Al posto della realtà sta l'esplicazione del valore, al posto della vita sta la presenza infinita di tutti."
(LA REALTA' DI TUTTI pag.53)
" Dal principio religioso che ogni valore (bontà, arte, onestà ecc.) è opera non del singolo ma della intima cooperazione di tutti,....deriva che tutto è di tutti e tutto spetta a tutti....anche ai vivi ed ai morti, ai pallidi, agli stroncati, agli afoni, ai pazzi."
(AGGIUNTA RELIGIOSA ALL'OPPOSIZIONE pag.128)
" Quando si vive di questi valori, e ci si interessa e appassiona per la bellezza artistica, per la bontà, per la giustizia nella società, per un ideale morale più alto, per un sentimento e uno slancio nobile e appassionato, per la verità e la più coerente organizzazione mentale, non ci si domanda che cosa ci stanno a fare, i valori, e perché noi viviamo....
Più amiamo quei valori, più il perché della vita scompare: chi ama non si domanda il perché del suo amore."
(VITA RELIGIOSA pag.8)
" Una verità accertata, un'opera di bellezza, un atto di bontà, non solo preaccennano a ciò che può essere una realtà più desiderabile, ma operano sulla realtà attuale, la trasformano già parzialmente; e quel colle è già diverso dopo una grande musica o dopo la carità francescana."
(LA COMPRESENZA DEI MORTI E DEI VIVENTI pag.174)
Capitini cita il colle pensando alle colline della sua Umbria, che ognuno ha tutti i giorni davanti allo sguardo disattento, ma che cambiano, come dice, se le guardiamo con l'emozione di chi ha ascoltato una grande musica o di chi ha fatto un'atto di carità.
La diversità della collina è una metafora poetica sulla capacità dei valori a cambiare la realtà.
"Finisce la prospettiva umanistica dei forti creatori di valori, e gli altri sono meno o nulla; invece tutti contano...Ci sono tre gradi:
primo: il grande individuo (o genio) crea una grande musica;
secondo: quella creazione è avvenuta con l'aiuto della compresenza;
terzo: ogni singolo essere, nessuno escluso, nella compresenza ha dato quell'aiuto.
(LETTERA DI RELIGIONE nel Il Potere di Tutti, pag.425)
Chi non dà fiducia al valore, chi lo rinnega, perde anche la realtà, la presenza nella vita.
" Orfeo quando col suo canto [che è un valore) è riuscito a vincere il regno della natura e ne risale alla luce, cantando un inno di gioia ancor più intensa, non resiste al desiderio di cogliere con lo sguardo la "realtà" vivente della sua amata, lascia il canto [il valore], e si volge e la perde.
Ha rinnegato il valore, e perde la realtà.

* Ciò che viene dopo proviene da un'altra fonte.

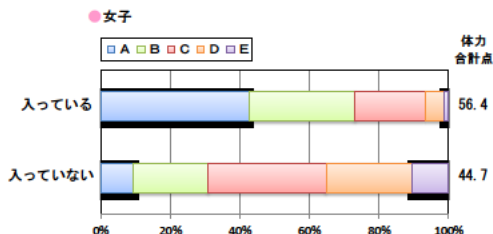

小学校 生活アンケート集計グラフ (小学校6年生対象)

設問1 運動部や地域スポーツクラブへ入っていますか。

設問1 と総合評価と体力合計点との関連

設問2 運動(遊びを含む)やスポーツをどのくらいしますか。(学校の体育の授業をのぞきます)

設問2 と総合評価と体力合計点との関連

設問3 運動やスポーツをするときは1日どのくらいの時間をしますか。(学校の体育の授業をのぞきます)

設問3 と総合評価と体力合計点との関連

小学校 生活アンケート集計グラフ (小学校6年生対象)

設問4 朝食は食べますか。

設問4 と総合評価と体力合計点との関連

設問5 1日の睡眠時間

設問5 と総合評価と体力合計点との関連

設問6 1日にどれぐらいテレビをみますか。(テレビゲームを含みます)

設問6 と総合評価と体力合計点との関連

中学校 生活アンケート集計グラフ (中学校3年生対象)

設問1 運動部や地域スポーツクラブへ入っていますか。

設問1と総合評価と体力合計点との関連

設問2 運動(遊びを含む)やスポーツをどのくらいしますか。(学校の体育の授業をのぞきます)

設問2と総合評価と体力合計点との関連

設問3 運動やスポーツをするときは1日どのくらいの時間をしますか。(学校の体育の授業をのぞきます)

設問3と総合評価と体力合計点との関連

中学校 生活アンケート集計グラフ (中学校3年生対象)

設問4 朝食は食べますか。

設問4 と総合評価と体力合計点との関連

設問5 1日の睡眠時間

設問5 と総合評価と体力合計点との関連

設問6 1日にどれぐらいテレビをみますか。(テレビゲームを含みます)

設問6 と総合評価と体力合計点との関連

高等学校 生活アンケート集計グラフ (高等学校3年生対象)

設問1 運動部や地域スポーツクラブへ入っていますか。

Questo è severo, ma è il dramma continuo della vita."
(LA REALTA' DI TUTTI pag.45)
Tuttavia, i valori sono sì sacrosanti:
"...ma non sono l'autorizzazione al mondo di restare qual esso è..."
(RELIGIONE APERTA pag.183)
....i valori appariranno non come culmini o soste serene, oltre cui null'altro sperare e null'altro tentare, ma porte, preannunci, primo apparire di una realtà diversamente strutturata...
Allora la religione passa dalla retroguardia all'avanguardia delle estreme speranze di rinnovamento religioso e sociale...."
(RELIGIONE APERTA pag.183)
"L'uomo moderno ha messo in rilievo sé come faber, come fabbricante delle cose ed elaboratore del mondo naturale, ed è arrivato a un bel punto quando ha capito che questa attività tecnica e fabbricativa è collettiva; ma non basta.
Credo che egli faccia bene oggi ad aprirsi alla compresenza come realtà di tutti, compresi coloro che, nel mondo esterno, sembra che non facciano, non fabbrichino, non forgino il mondo oggettivo: i deboli, i malati, gli stolti, i morti.
Tutti sono e siamo lì, nella compresenza, radicati ed efficienti, operanti e connessi l'uno nell'altro, in virtù di una unità in atto che è Dio..."
(LETTERA DI RELIGIONE nel Il Potere di Tutti, pag.415)
"Il punto di partenza per una nuova vita religiosa è sentire sé con gli altri in modo aperto, alla pari, infinitamente (non con due o tre persone, e basta).
Questa è l'APERTURA fondamentale...l'io non è solo, ma è con altri, tutti, anche i morti, e ciò che viene fatto è fatto con l'aiuto di tutti...apritevi e muterete la vostra vita, accorgendovi che la compresenza c'è. Ogni nascita l'arricchisce, ogni morte la fa cercare."